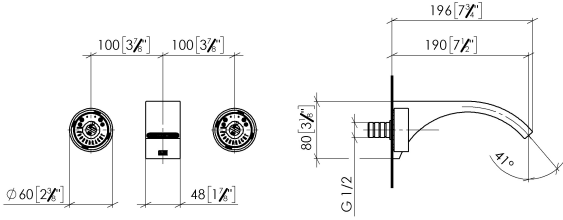

**Required miscellaneous**

- Concealed wall-mounted mixer centred spout -** 35 700 970 90
- max. recess depth 145 mm
  - min. recess depth 85 mm

**Required miscellaneous**

- Concealed wall-mounted mixer variable positioning -** 35 720 970 90
- min. recess depth 85 mm
  - max. recess depth 145 mm

CYO Wall-mounted basin mixer without pop-up waste - Platinum / Brushed  
Platinum

---

CYO

ST 010 206 3811

ST 010 206 3811  
mm [inches]

**Flow rate chart**

**Certificates**

WRAS\_2111006. IAPMO\_N-4976 (2). IAPMO\_6397 (2). LGA\_38121.
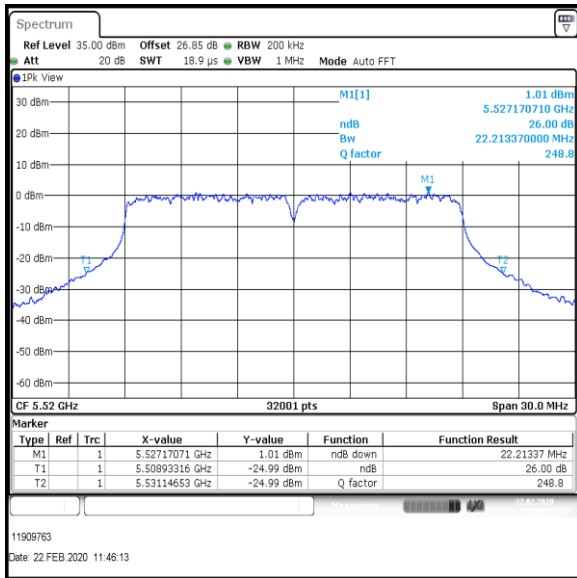

Transmitter 26 dB Emission Bandwidth (continued)

Results: 802.11n / HT20 / MCS7 / MIMO / Port 1+2+3 / Port 1 / PWL 17 / 8 dBi Antenna

Channel	Frequency (MHz)	26dB Emission Bandwidth (MHz)
Bottom+1	5520	22.213
Middle	5580	22.646
Top	5700	21.907

Bottom+1 Channel
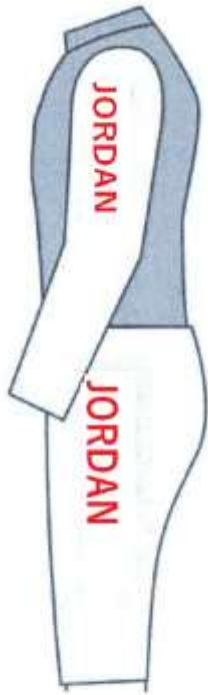

Jordanie (JOR)

HAND= 25*8

LEG = 28*9

Japon (JPN)

Kazakhstan (KAZ)

Kenya (KEN)

Breeches both legs: National flag and country name “KENYA”

Both arms of the jacket: Kenya National flag
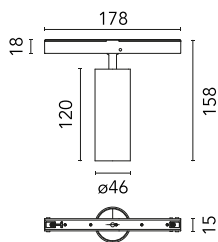

Electrical

Voltage (V)	48	Insulation class	III
Dimmable	Yes		
Driver	Remote excluded		
Driver type	Dimmable DALI		
Emergency	Without		

Physical

Color	Polished Aluminium	Length (mm)	185
Orientation	Adjustable		
Weight (kg)	0.29		
Tilt (°)	90		
Rotation (°)	360		

Note

Accessories included (honeycomb and screening crosspiece). Only compatible with DALI profile version.
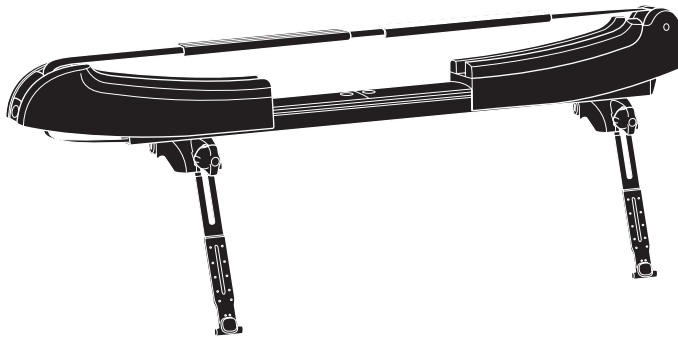

➤ Instructions

Thule SUP Taxi XT

810001

CITY CRASH

Complies with ISO norm

i

i

7,6 kg / 14.8 lbs

x2

25 kg / 55 lbs

Min 610 mm / 24"

Max 860 mm / 34"

Min 700 mm / 28"

1

2

3
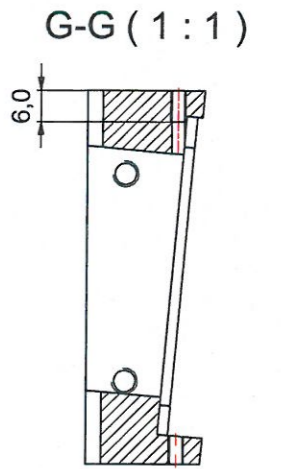

2 stk.

Department of Physics and Astronomy University of Aarhus		IFA	Mtr POM Designer Henrik Juul
Project		Creation date: 08-03-2017 Last saved: 28 jan. 2014, 11.54	Rev no.
C:\Working Folder\Designs\Hans Fynbo\3D Detectorholder\018682 - Holder W1 Si detector.ipt		018682 - Holder W1 Si detector	A2
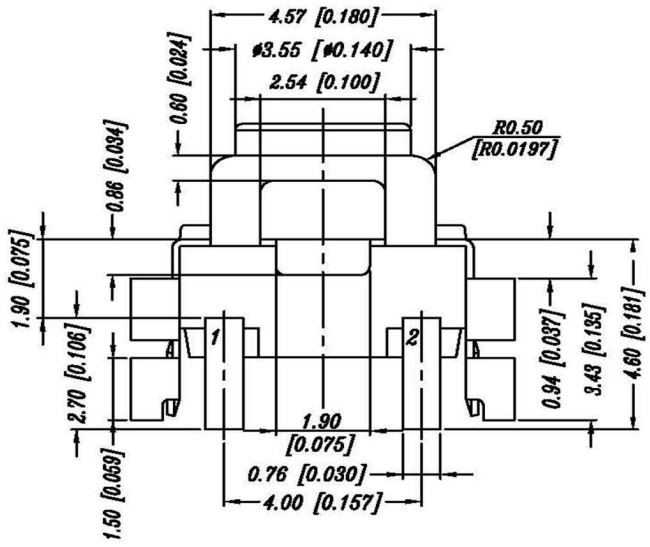

Color Of Stem For Operating Force	
White ;	Operating Force 185±50gf
Red ;	Operating Force 260±50gf

NOTE:
 1. ALL DIMENSIONS ARE IN MILLIMETERS, BRACKETED DIMENSIONS ARE IN INCHES.
 2. GENERAL TOLERANCES MAX±0.20mm.

RoHS Compliant		HSM 玄茂科技股份有限公司 HSUAN MAO TECHNOLOGY CO., LTD.	
APPD. 核准 Augor	SCALE 比例 参考	TOLERANCE 容許公差 .00 ± .ANG. ±	PART NAME 品名 TACT SWITCH RIGHT ANGLE SMT TYPE KONB HEIGHT 2.8mm OPERATING FORCE:260g RED COLOR REEL PACKING
DWG. 製圖 Yumi	UNIT 單位 M M	SIZE 紙張尺寸 A 4	ROHS LOW-LEAD
DATE 制表日 2007/07/19	PAGE 張數 1 OF 1	REV. 版本 A	PART NO. 料號 C8312-BBRR0000R

DATE	DESCRIPTION	DATE	APPD.
03.21.06	DWG.REL
■ ■ ■ ■
* **Work request**
If a line in the data above holds the string "recess", report that line.

* **Answer to the problem**
- max. recess depth 145 mm
  - min. recess depth 85 mm
- min. recess depth 85 mm
  - max. recess depth 145 mm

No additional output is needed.